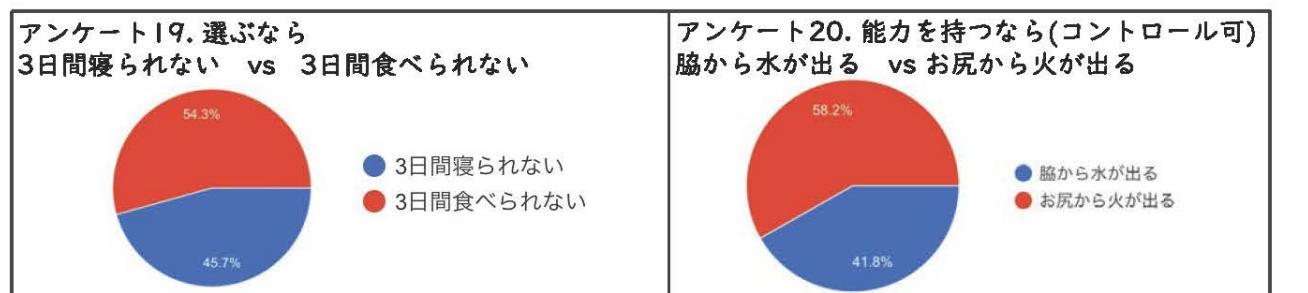

利用可能なお手洗いは青丸

★→スタンプ台

○ 多目的室	準備室	実習室	階段
★			W.C ○女
○ 電子機器室	実習室		

参加団体/各団体の詳細

使用教室は赤丸

イラストIG3
場所:実習棟 多目的室
内容:謎解き迷路

謎解き迷路

【団体名】IG3
【場所】多目的室

ずっと迷路が作りたかった。もう一つの夢だった。辛い時も苦しい時も作りたいという気持ちで作り上げた。そんなG3がたどりついた、最高の迷路。G3の迷路ができました。ナゾきん。なぞ解きもどうぞ。

鉄道研究部
走行会
実習棟二階
電子機器室

走行会

【団体名】鉄道研究部
【場所】電子器械室

鉄道模型の走行会や運動会、部員のパソコンを使ったシミュレーター体験を行います。走行会は部員が持ち込んだ車両を走らせ、運動会は皆様が学校の車両を使って走らせることが可能です。是非お越しく下さい。

実習棟3F

使用教室は赤丸
利用可能なお手洗いは青丸

目次	実習室	309	○ 308	階段
	<div style="border: 1px solid black; padding: 2px; display: inline-block;">W.C ○ 男</div>			
挨拶				
メインセッション	準備室	310	実習室	工業科 職員室

渡り廊下

参加団体/各団体の詳細

イベント タイム テーブル	<h3>おもちゃの病院</h3> <p>【団体名】おもちゃの病院 【場所】308教室</p>
参加団体 一覧	 <p>はんだ付けをしてペンライトの製作をしてみませんか？はんだ付けが得意な人もそうでない人も遊びに来てください！ 無料だよ^^</p>

• • •

TASK TO COMPLETE
Where a record above contains a picture, leave the picture out and transcribe everything else exactly.

OUTPUT
利用可能なお手洗いは青丸

★→スタンプ台

○ 多目的室	準備室	実習室	階段
★			W.C ○女
○ 電子機器室	実習室		

参加団体/各団体の詳細

使用教室は赤丸

イラストIG3
場所:実習棟 多目的室
内容:謎解き迷路

謎解き迷路

【団体名】IG3
【場所】多目的室

ずっと迷路が作りたかった。もう一つの夢だった。辛い時も苦しい時も作りたいという気持ちで作り上げた。そんなG3がたどりついた、最高の迷路。G3の迷路ができました。ナゾきん。なぞ解きもどうぞ。

鉄道研究部
走行会
実習棟二階
電子機器室

走行会

【団体名】鉄道研究部
【場所】電子器械室

鉄道模型の走行会や運動会、部員のパソコンを使ったシミュレーター体験を行います。走行会は部員が持ち込んだ車両を走らせ、運動会は皆様が学校の車両を使って走らせることが可能です。是非お越しく下さい。

実習棟3F

使用教室は赤丸
利用可能なお手洗いは青丸

目次	実習室	309	○ 308	階段
	<div style="border: 1px solid black; padding: 2px; display: inline-block;">W.C ○ 男</div>			
挨拶				
メインセッション	準備室	310	実習室	工業科 職員室

渡り廊下

参加団体/各団体の詳細

イベント タイム テーブル	<h3>おもちゃの病院</h3> <p>【団体名】おもちゃの病院 【場所】308教室</p>
参加団体 一覧	 <p>はんだ付けをしてペンライトの製作をしてみませんか？はんだ付けが得意な人もそうでない人も遊びに来てください！ 無料だよ^^</p>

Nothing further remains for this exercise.